Воинствующая ортодоксальность, увы, была во все времена и во всех церквах. Мы знаем, чту инквизиция делала именем Христа... Была Варфоломеевская ночь, боярыня Морозова, клещами отдирали двоеперстие. И сейчас есть ортодоксия — уже в смысле “коммунисты” или имея в виду некоторые церковные конфессии, заставляющие придерживаться каждой закорючки в буковке закона. “Блаженны нищие духом” — это верно и сейчас, так можно сказать о людях, свободных от догм.

     – Сейчас, когда очень много “игровых” литературных жанров, жизнь в книгах подается с повышенной дозой условности. Читатель, уставший от фантазий и текстовой сложности, все больше тяготеет к воспоминаниям, написанным более просто, в том числе очень велико внимание к биографиям известных людей.

     – Это имеет отношение к теме свободы и разнузданности. В наше время очень интересуются мемуарной литературой, но, если вспомнить мемуары конца XIX — начала ХХ века, они были иные. Сейчас, к сожалению, — и это обусловлено нашей жизнью, агрессивностью нашего общества и нашего сознания, — стараются (и не только в воспоминаниях) снять “маску” с того или иного писателя. Но еще хуже — из текста вырывают отдельные фразы и делают подтасовку. Что же случилось с человечеством? Вообще-то, это было всегда, об этом еще Пушкин писал...

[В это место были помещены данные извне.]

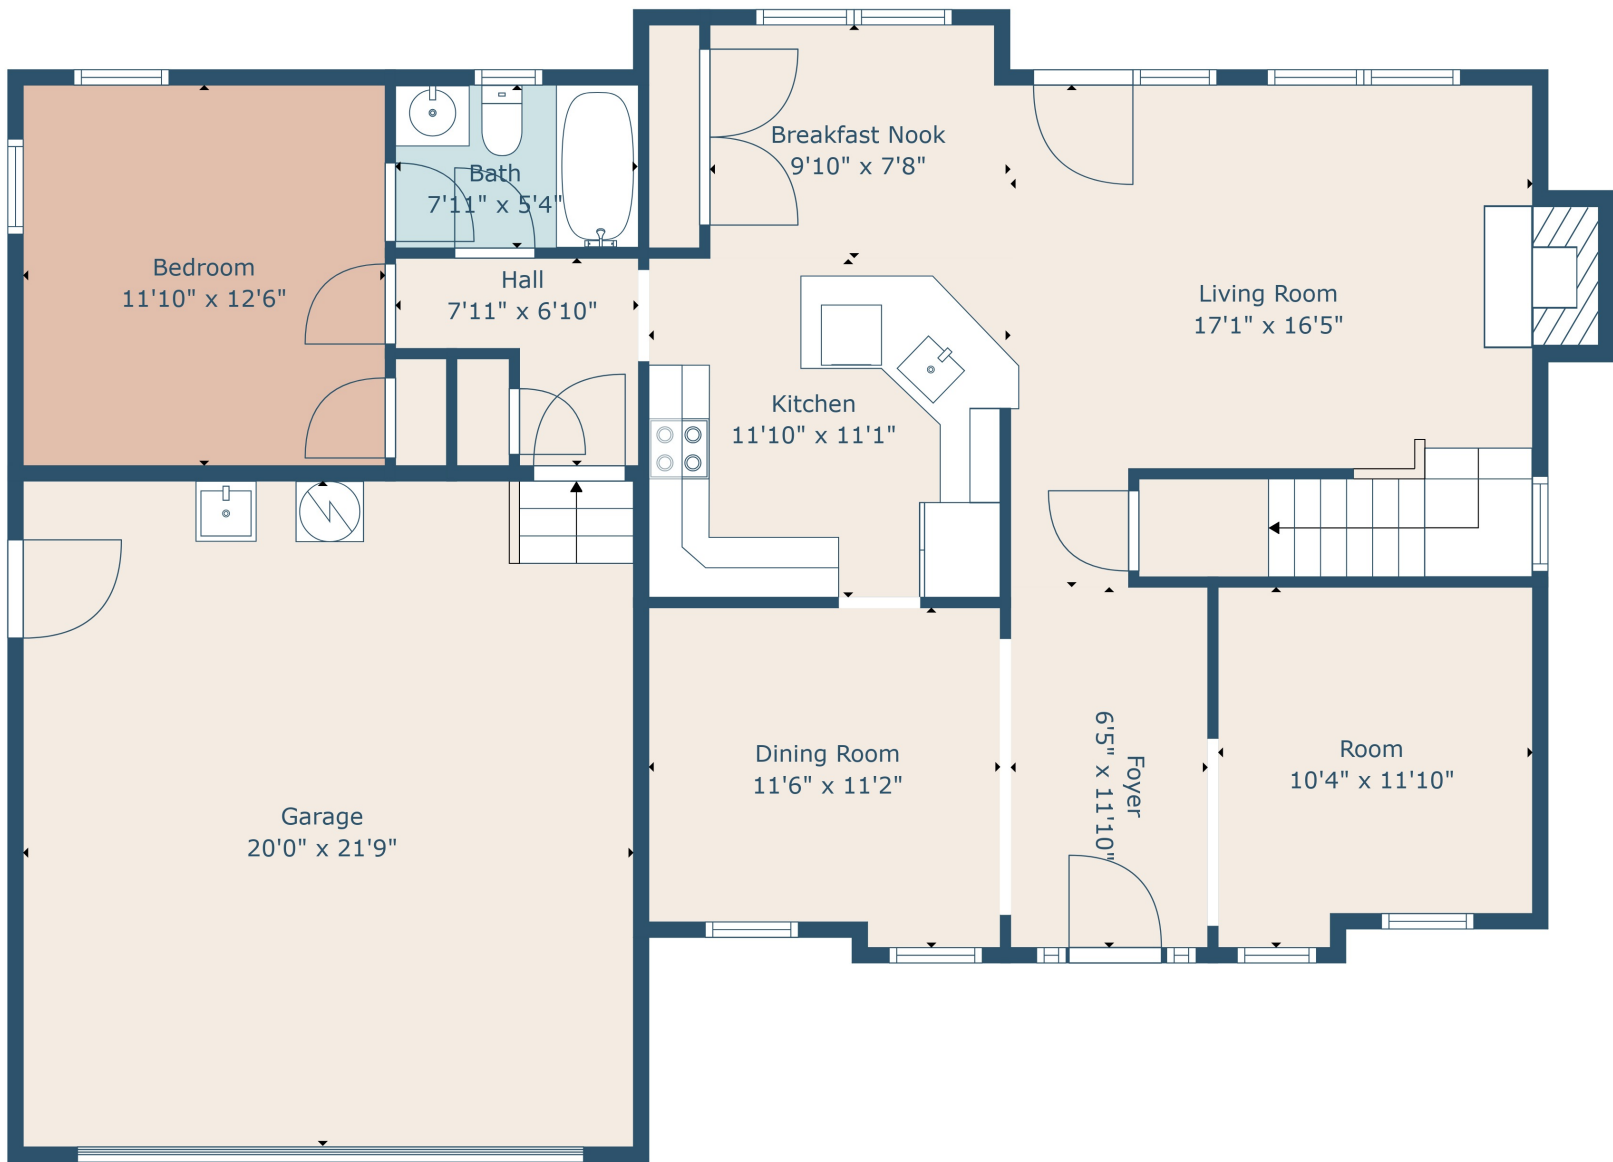

Floor 1

Floor 2

TOTAL: 2449 sq. ft
 FLOOR 1: 1084 sq. ft, FLOOR 2: 1365 sq. ft
 EXCLUDED AREAS: GARAGE: 436 sq. ft, FIREPLACE: 8 sq. ft

Measurements Are Calculated By Cubicasa Technology. Deemed Highly Reliable But Not Guaranteed.

TOTAL: 2449 sq. ft

FLOOR 1: 1084 sq. ft, FLOOR 2: 1365 sq. ft

EXCLUDED AREAS: GARAGE: 436 sq. ft, FIREPLACE: 8 sq. ft

Measurements Are Calculated By Cubicasa Technology. Deemed Highly Reliable But Not Guaranteed.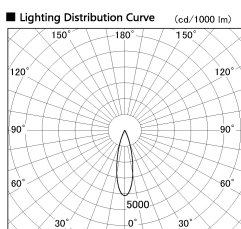

Item no. DD053-1325MW9035TL

Series Name:  $\Phi$ 80 Series Reflector Type, Adjustable Trimless

■ Direct Horizontal Illuminance DD053-1325MW9035TL

φ	Illuminance Angle	Beam Angle	Vertical Illuminance (lx)
1	25°	26°	10440
1			2610
2			1160
2			650
4			420
8			290
16			210
32			160

Installation	Recessed mount
Type	
Fixture wattage	14.7W
Beam angle	25 deg
Color Temp.	3500K
CRI	Ra>90
Luminous	632 lm
Body	Die-cast aluminum alloy
Body finish	N/A
Trim finish	White
Reflector finish	Mirror
IP Rate	IP20
Light source	COB module
Input Voltage	AC220~240V
Dimming Type	Non-Dimmable
Certificate	CE, CCC
Cut Hole	80mm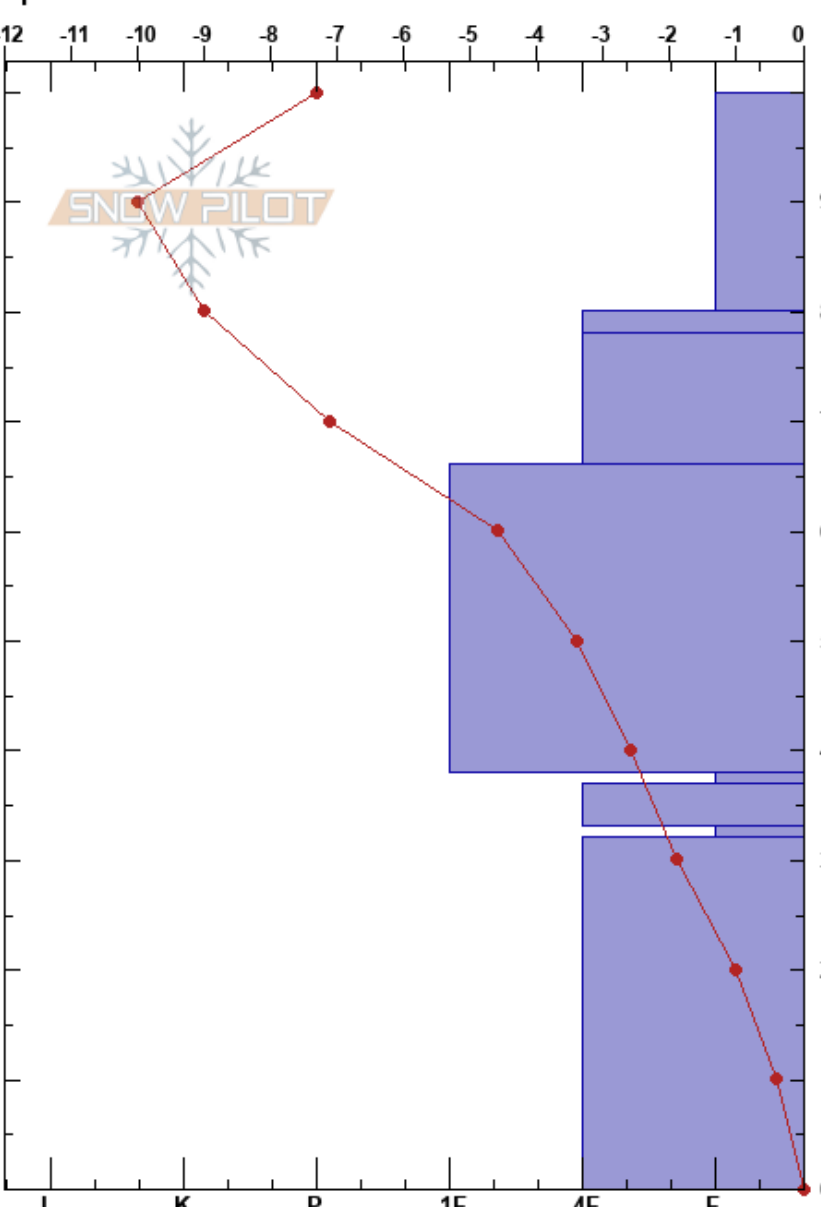

Avalanche Bowl
 Teton Range
 WY
 Elevation: 9077 ft
 Aspect: NE
 Specifics:

Lisa Van Sciver
 12/03/2018 - 10:30am
 Co-ord: 43.48427N, -110.95513W
 Slope Angle: 22°
 Wind Loading: no

Stability:
 Air Temperature: -11°C
 Sky Cover: OVC
 Precipitation: S-1
 Wind: W Calm

HS:100
 PF:70
 38-37cm: SH layer is 4mm thick
 33-32cm: SH layer 4mm thick
 33-32cm: Problematic layer

Elevation (cm)	Crystal		Moisture	ρ kg/m ³	Stability tests & Layer comments
	Form	Size			
100					
90	+				
80	⊗	1-2			
70	⊖	1			
60	⊖	0.3-0.5			
50					
40	∨	4-10			
38-37	□	0.5			38-37cm: SH layer is 4mm thick
33-32	∨	2-10			ECTP30 @33cm PST34/100 (End) @33cm 33-32cm: SH layer 4mm thick
20	⊖	1			
10					
0					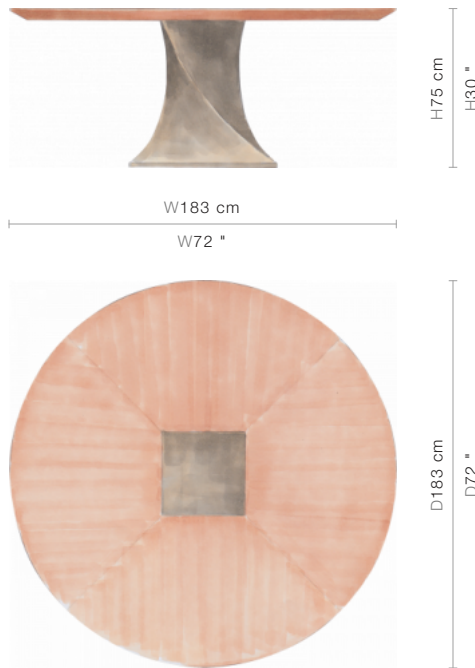

FINISHING OPTIONS

Tabac/Bronzage
Espresso/Bronzage
Java Café Varnish/Bronzage
Special Finish

ADDITIONAL INFO

Top: Wooden Top with coated
brass plate insert

SIZE

W183 x D183 x H75 cm / W72 x D72 x H30 inches

PRICE LIST: RETAIL

CODE

76-0508

RETAIL

INQUIRE

BLUEPRINTS

PACKAGING, WEIGHTS & MEASURES

DIMENSION	VOLUME	WEIGHT	PACKAGE TYPE	NOTES
<i>(cm)</i>				
W206 x D175 x H97 cm	3.5 m ³	165 kg	Crate	AF
W131 x D129 x H82 cm	1.39 m ³	98 kg	Crate	FCL - Base
W201 x D22 x H199 cm	0.88 m ³	88 kg	Crate	FCL - Top
W131 x D129 x H82 cm	1.39 m ³	100 kg	Crate	LCL - Base
W201 x D22 x H199 cm	0.88 m ³	94 kg	Crate	LCL - Top
W206 x D175 x H97 cm	3.5 m ³	160 kg	Crate	SA
<i>(inches)</i>				
W81 x D69 x H38 "	123.55 ft ³	363 lbs	Crate	AF
W52 x D51 x H32 "	49.07 ft ³	215.6 lbs	Crate	FCL - Base
W79 x D9 x H78 "	31.06 ft ³	193.6 lbs	Crate	FCL - Top
W52 x D51 x H32 "	49.07 ft ³	220 lbs	Crate	LCL - Base
W79 x D9 x H78 "	31.06 ft ³	206.8 lbs	Crate	LCL - Top
W81 x D69 x H38 "	123.55 ft ³	352 lbs	Crate	SA

     – Да, в письме Вяземскому о потере записок Байрона: “...слава Богу, что потеряны... Толпа жадно читает исповеди... потому что в подлости своей радуется унижению высокого, слабостям могущего. При открытии всякой мерзости, она в восхищении. Он мал, как мы, он мерзок, как мы!”

     – “Врете, подлецы: он и мал и мерзок — не так, как вы — иначе”. В чем был смысл мемуаров раньше? Они были объективны, не несли в себе разложения мыслительного атома, а разложить атом мысли — значит устроить взрыв ненависти, зависти и прочей агрессии в человеке.

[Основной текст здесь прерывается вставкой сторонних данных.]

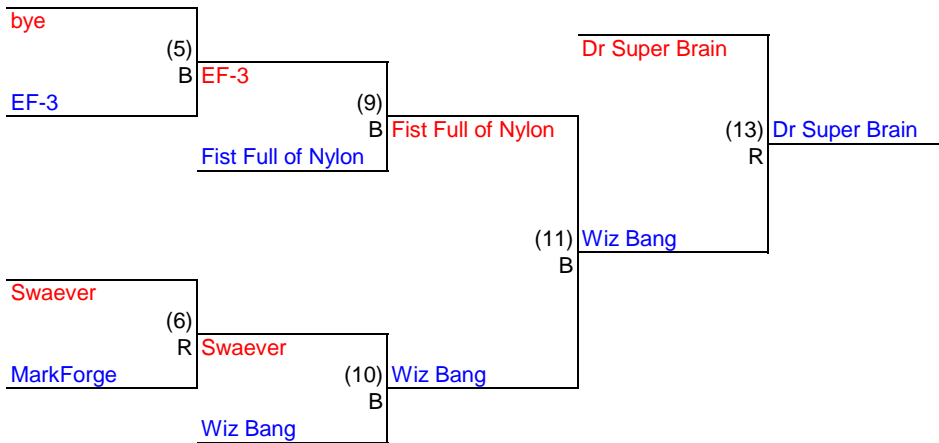

HORD 2016 Beetle Weight

Winner's Bracket

Loser's Bracket

RANK	ROBOT
1	Wedge of Alleg
2	Dr Super Brain
3	Wiz Bang
4	Fist Full of Nylon
5	EF-3
5	Swaever
7	MarkForge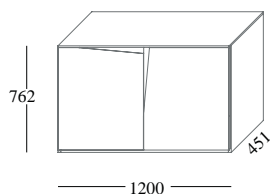

design: Pierangelo Sciuoto

**Finish:**

Mat lacquered in our selected colours.

The handle can be lacquered in the same colour of the door or with a supplement in a contrasting one.

**Dimensions:**

**Sideboard**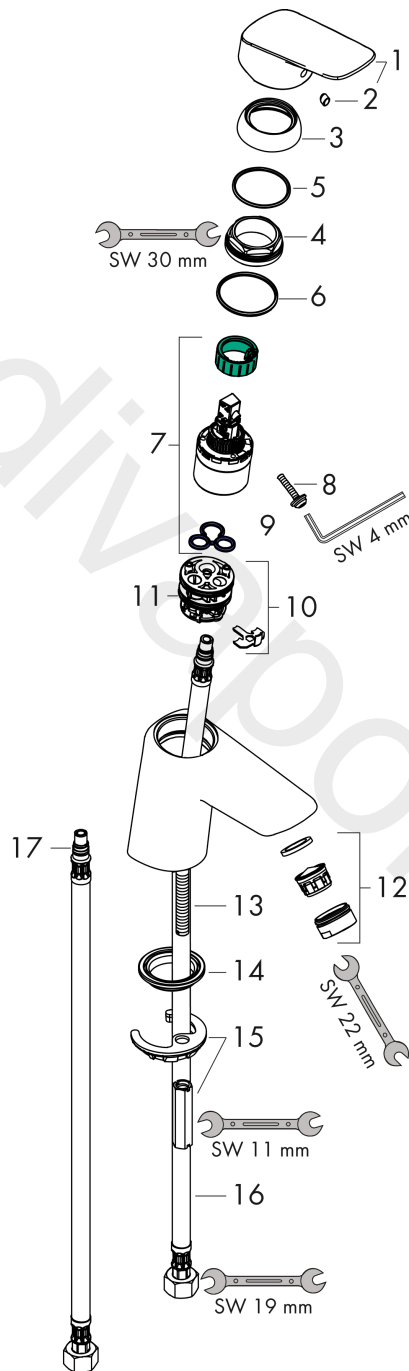

Logis
Single lever basin mixer 70 with push-open waste set
 Surfaces: Article Number: **71077000**

Exploded Drawing

Year of production: **01/15 - 04/17**

Logis

Single lever basin mixer 70 with push-open waste set

Surfaces: Article Number: **71077000**

Spare part list

Year of production: **01/15 - 04/17**

Pos.	Description	Article Number	Price	PU
1	handle	92224000	£ 51,00	1
2	screw cover	96338000	£ 3,30	1
3	flange	97406000	£ 20,50	1
4	nut	97209000	£ 16,10	1
5	O-Ring 32x2	98193000	£ 3,30	1
6	O-ring 33x2	98154000	£ 3,30	1
7	cartridge, assy	92730000	£ 35,00	1
8	locking screw for handle	95140000	£ 6,10	1
9	seal	95008000	£ 9,00	1
10	adapter for cartridge	98750000	£ 13,30	1
11	O-Ring 30x2	98186000	£ 3,30	1
12	aerator M24x1 (5 l/min)	92372000	£ 20,50	1
13	screw M8 x 68	97736000	£ 6,10	1
14	seal Ø 42	98722000	£ 6,10	1
15	fixing set	96016000	£ 35,00	1
16	connection hose 450 mm M8x0,75 G3/8	97206000	£ 35,00	1
17	O-ring 7x1,5	98422000	£ 3,30	1
a	push-open waste set	50105000	£ 40,00	1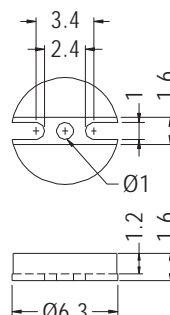

PART NO	PACKAGE
LEDBC-1.6	2000

Всякий поэт или писатель так или иначе выстрадывает, предугадывает свою судьбу. Об этом есть у Лотмана и Натана Эйдельмана. Это очень сложная вещь. Бог сотворил человека, но дальше человек творит себя сам. Мне близка строка Пастернака: “Говорят, что вы в это выгрались,/Ваша правда: так надо играть...”

Поэт не играет, а достраивает свою судьбу поведением, воображением.

Чаще всего поэты эгоцентричны. Но человек — Божье создание. Я не понимаю, когда говорят о богоизбранном народе. Каждый человек, а значит, и каждый поэт богоизбран на самом деле.

Я думаю, что есть два типа творческой личности: первый — когда художник абсолютно адекватен себе (человек), второй — тип восполнения. Например, стихами восполняется то, чего в самом человеке нет. Сам не очень добр — пишет о щедрости... Пишет о том, к чему он стремится, в своем творении приближая себя к идеалу. Ни тот, ни другой тип не имеют друг перед другом никаких преимуществ: хороша ночь, хорош и день.

     – А примеры?

     – Ну, скажем, Фет — в жизни хозяйственник, довольно прижимист, и какой он был в стихах! Может быть, это примитив...

     – Это восходит к психологическим типам...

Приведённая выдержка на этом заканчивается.